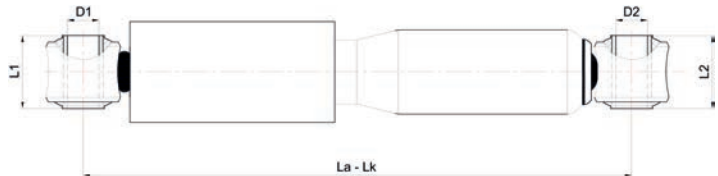

Brand : RENAULT

Model : Magnum AE / Magnum E

Oem No : 5010630386 5010600393 5010557482 5010383689A 5010383689
5010294158

Cross No : 131184 , T5154

D1/L1 : Ø20 / 55

D2/L2 : Ø20 / 62

Open / Close : 858 / 513

020.07.12359 CHASSIS
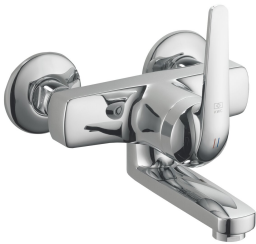

KWC DOMO Eengreepsmengkraan

Modell-Linie: DOMO | 11.062.013.000
Kranen | Eengreepkranen

KWC-No.

122664

122692

122667

122694

* Eengreepsmengkraan

* ShieldProtect - afdichtingsmembraan tussen hendel en kap: bescherming van de kern van de mengkraan

* Draaibare uitloop 90°

- kan indien nodig met schroef vastgezet worden

- Neoperl® Cascade®

* KWC patroon L 39 - universeel

- met keramische-schijventechniek

- uitstroomvolume en temperatuur traploos instelbaar

- temperatuur- en debietbegrenzing

* Wandaansluitingen 1/2" x 1/2", afsluitbaar L 40

Technical Data

A_Spout_Spray

uitloop

Connection measure

Afmetingen wateruitlaat

Materiaal

7.5 l/min (3 bar)

draaibaar

frontaal bediend

chromeline

Wandmontage
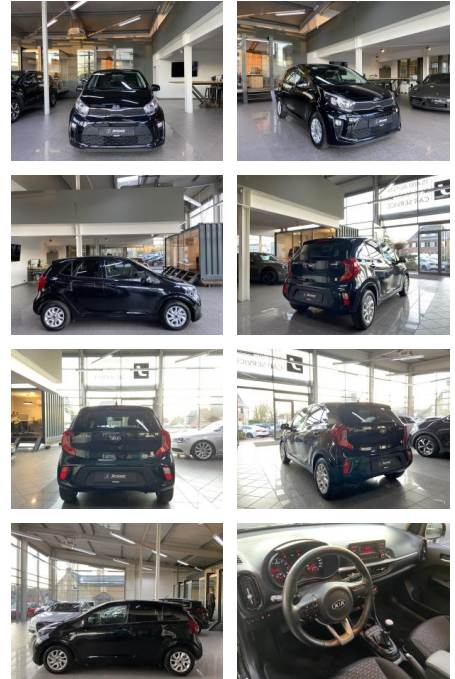

AJ02-OY2412-3 **Angebotsnr.:**

Erstzulassung:	Kilometer:	Farbe:	Leistung:	Kraftstoffart:
02.11.2020	23.000	Schwarz	49 kW / 67 PS	Benzin

PREIS
11.960 €

FINANZIERUNGSBEISPIEL

Laufzeit: 72 Monate Anzahlung: 25 %
Basis-Finanzierung:* Mtl. Rate:
Zielraten-Finanzierung:** **104 €**
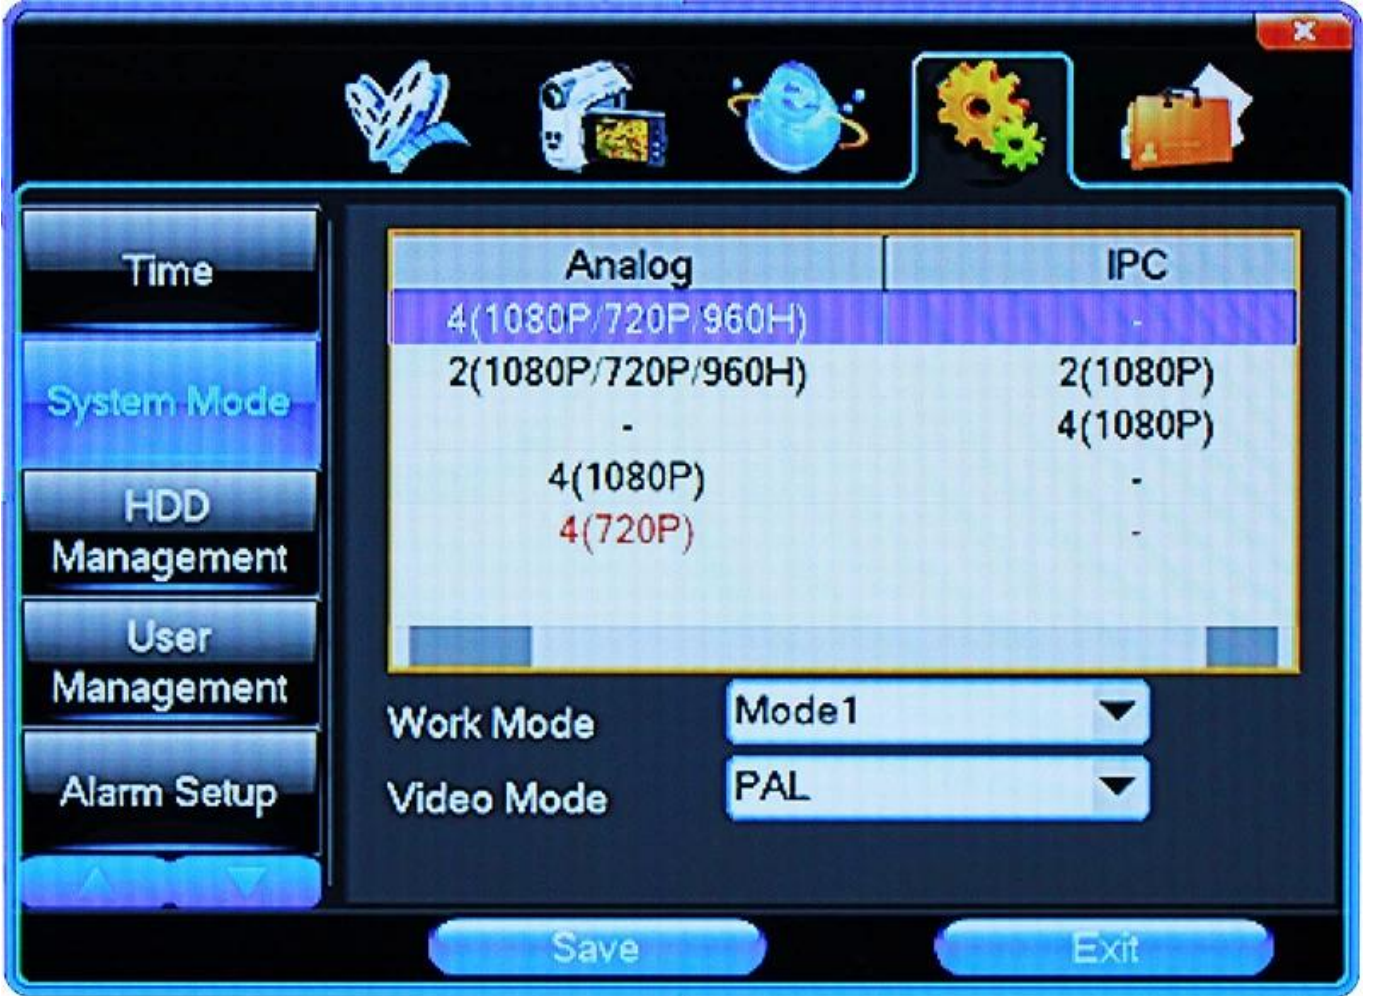

DVR isteğe bağlı çeşitli modları vardır:

- \* AHD Kamera + IP Kamera + Analog CVBS Kamera
- \* AHD Kamera
- \* IP kamerası
- \* Analog CVBS Kamera

**Hibrid DVR fazla çeşit kontrol edilir:**[HD Hibrit DVR / HVR](#)
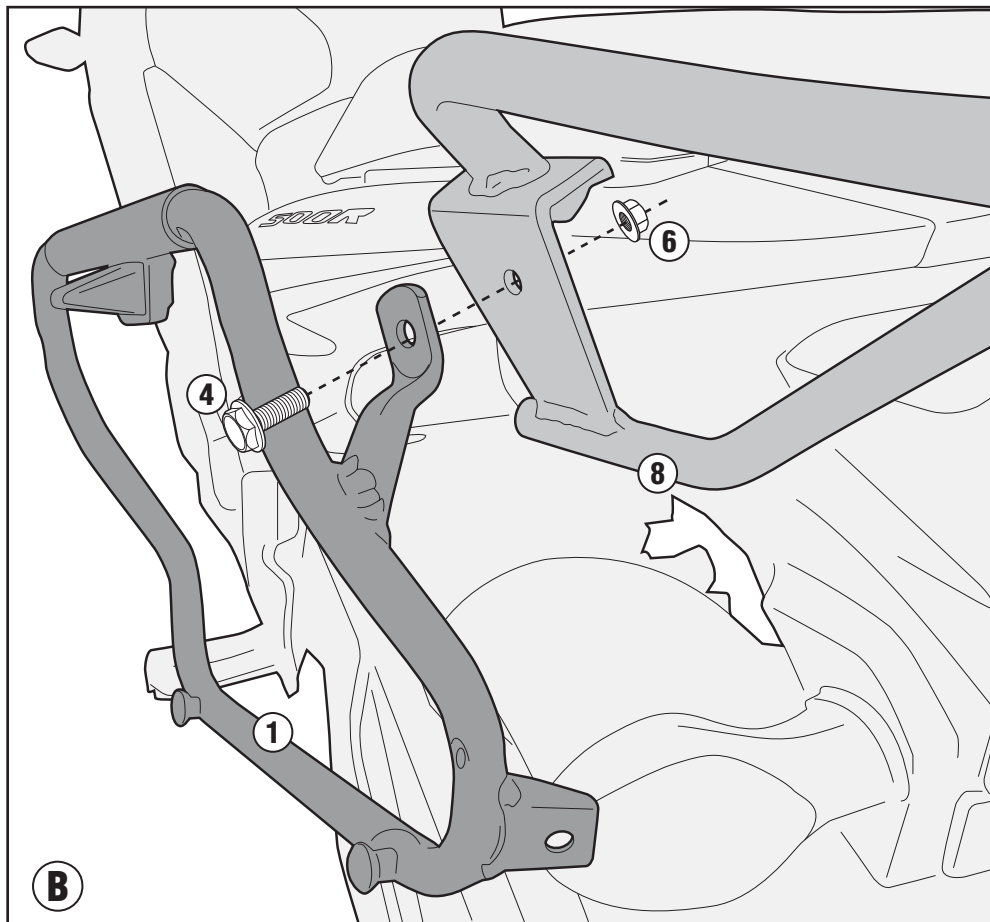

PLX1119 - KLX1119

PORTAVALIGIE LATERALE SPECIFICO - SPECIFIC TUBULAR SIDE-CASE HOLDER - PORTE-VALISES LATÉRAUX SPÉCIFIQUE
SPEZIFISCHES STAHLROHR-SEITENTRAEGER - PORTA MALETAS LATERALES ESPECÍFICO - SUPORTE DE MALAS LATERAIS

HONDA CBR500R (2013)

ISTRUZIONI DI MONTAGGIO - MOUNTING INSTRUCTIONS
INSTRUCTIONS DE MONTAGE - BAUANLEITUNG
INSTRUCCIONES DE MONTAJE - INSTRUÇÕES DE MONTAGEM
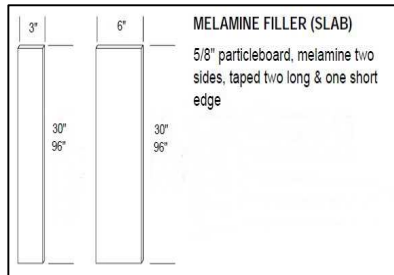

Size	Code	Coventry	Trad.	Salem	Temp.
30"	VSDL30	\$361	\$415	\$415	\$450
36"	VSDL36	\$378	\$427	\$427	\$465
42"	VSDL42	\$414	\$447	*	\$489

Size	Code	Coventry	Trad.	Salem	Temp.
13.5"	VWF13.524	\$229	\$238	\$238	\$250

Size	Code	Coventry	Trad.	Salem	Temp.
24"	VWWM2433	\$292	\$315	\$315	\$330

ACCESSORIES

Size	Code	Price
12Wx30H	MP1230	\$21

Size	Code	Price
12Wx96H	MP1296	\$47
25Wx96H	MP2596	\$85

Size	Code	Price
25Wx35H	MP2535	\$38
60Wx35H	MP6035	\$71
60Wx42H	MP6042	\$89

Size	Code	Price
3Wx30H	MF330	\$15
3Wx96H	MF396	\$27
6Wx30H	MF630	\$17
6Wx96H	MF696	\$42

Size	Code	Price
48"	MTK48	\$12
96"	MTK96	\$21

Size	Code	Price
9X9	MDSB9	\$23

Size	Code	Price
96"	BPM96	\$23

Size	Code	Price
96"	SCM96	\$23
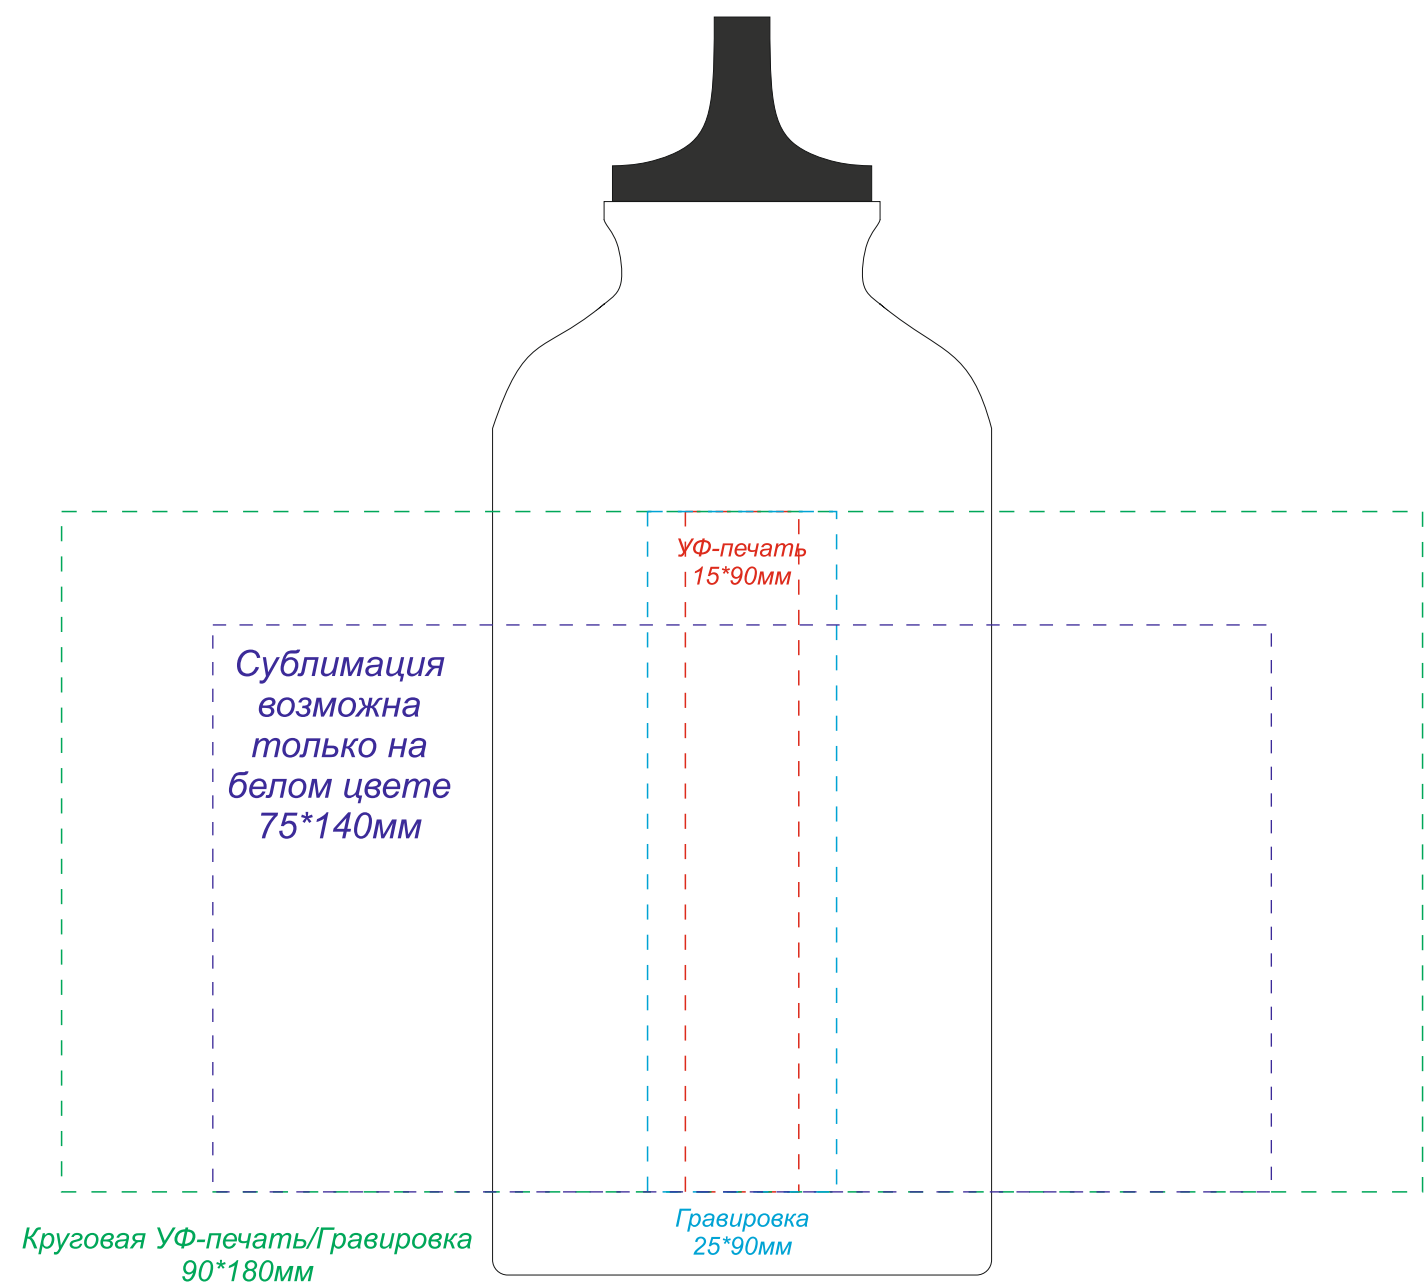

Алюминиевая бутылка ATHLETIC

спереди

сзади

слева

справа

● **WHAT THE TASK ASKS**:
Word for word, restate the material above; do not carry over the pictures.

● **OUTPUT OF THE TASK**:
Brand : RENAULT

Model : Magnum AE / Magnum E

Oem No : 5010630386 5010600393 5010557482 5010383689A 5010383689
5010294158

Cross No : 131184 , T5154

D1/L1 : Ø20 / 55

D2/L2 : Ø20 / 62

Open / Close : 858 / 513

020.07.12359 CHASSIS

KWC DOMO Eengreepsmengkraan

Modell-Linie: DOMO | 11.062.013.000
Kranen | Eengreepkranen

KWC-No.

122664

122692

122667

122694

* Eengreepsmengkraan

* ShieldProtect - afdichtingsmembraan tussen hendel en kap: bescherming van de kern van de mengkraan

* Draaibare uitloop 90°

- kan indien nodig met schroef vastgezet worden

- Neoperl® Cascade®

* KWC patroon L 39 - universeel

- met keramische-schijventechniek

- uitstroomvolume en temperatuur traploos instelbaar

- temperatuur- en debietbegrenzing

* Wandaansluitingen 1/2" x 1/2", afsluitbaar L 40

Technical Data

A_Spout_Spray

uitloop

Connection measure

Afmetingen wateruitlaat

Materiaal

7.5 l/min (3 bar)

draaibaar

frontaal bediend

chromeline

Wandmontage

AJ02-OY2412-3 **Angebotsnr.:**

Erstzulassung:	Kilometer:	Farbe:	Leistung:	Kraftstoffart:
02.11.2020	23.000	Schwarz	49 kW / 67 PS	Benzin

PREIS
11.960 €

FINANZIERUNGSBEISPIEL

Laufzeit: 72 Monate Anzahlung: 25 %
Basis-Finanzierung:* Mtl. Rate:
Zielraten-Finanzierung:** **104 €**

DVR isteğe bağlı çeşitli modları vardır:

- \* AHD Kamera + IP Kamera + Analog CVBS Kamera
- \* AHD Kamera
- \* IP kamerası
- \* Analog CVBS Kamera

**Hibrid DVR fazla çeşit kontrol edilir:**[HD Hibrit DVR / HVR](#)

PLX1119 - KLX1119

PORTAVALIGIE LATERALE SPECIFICO - SPECIFIC TUBULAR SIDE-CASE HOLDER - PORTE-VALISES LATÉRAUX SPÉCIFIQUE
SPEZIFISCHES STAHLROHR-SEITENTRAEGER - PORTA MALETAS LATERALES ESPECÍFICO - SUPORTE DE MALAS LATERAIS

HONDA CBR500R (2013)

ISTRUZIONI DI MONTAGGIO - MOUNTING INSTRUCTIONS
INSTRUCTIONS DE MONTAGE - BAUANLEITUNG
INSTRUCCIONES DE MONTAJE - INSTRUÇÕES DE MONTAGEM

Size	Code	Coventry	Trad.	Salem	Temp.
30"	VSDL30	\$361	\$415	\$415	\$450
36"	VSDL36	\$378	\$427	\$427	\$465
42"	VSDL42	\$414	\$447	*	\$489

Size	Code	Coventry	Trad.	Salem	Temp.
13.5"	VWF13.524	\$229	\$238	\$238	\$250

Size	Code	Coventry	Trad.	Salem	Temp.
24"	VWWM2433	\$292	\$315	\$315	\$330

ACCESSORIES

Size	Code	Price
12Wx30H	MP1230	\$21

Size	Code	Price
12Wx96H	MP1296	\$47
25Wx96H	MP2596	\$85

Size	Code	Price
25Wx35H	MP2535	\$38
60Wx35H	MP6035	\$71
60Wx42H	MP6042	\$89

Size	Code	Price
3Wx30H	MF330	\$15
3Wx96H	MF396	\$27
6Wx30H	MF630	\$17
6Wx96H	MF696	\$42

Size	Code	Price
48"	MTK48	\$12
96"	MTK96	\$21

Size	Code	Price
9X9	MDSB9	\$23

Size	Code	Price
96"	BPM96	\$23

Size	Code	Price
96"	SCM96	\$23

Алюминиевая бутылка ATHLETIC

спереди

сзади

слева

справа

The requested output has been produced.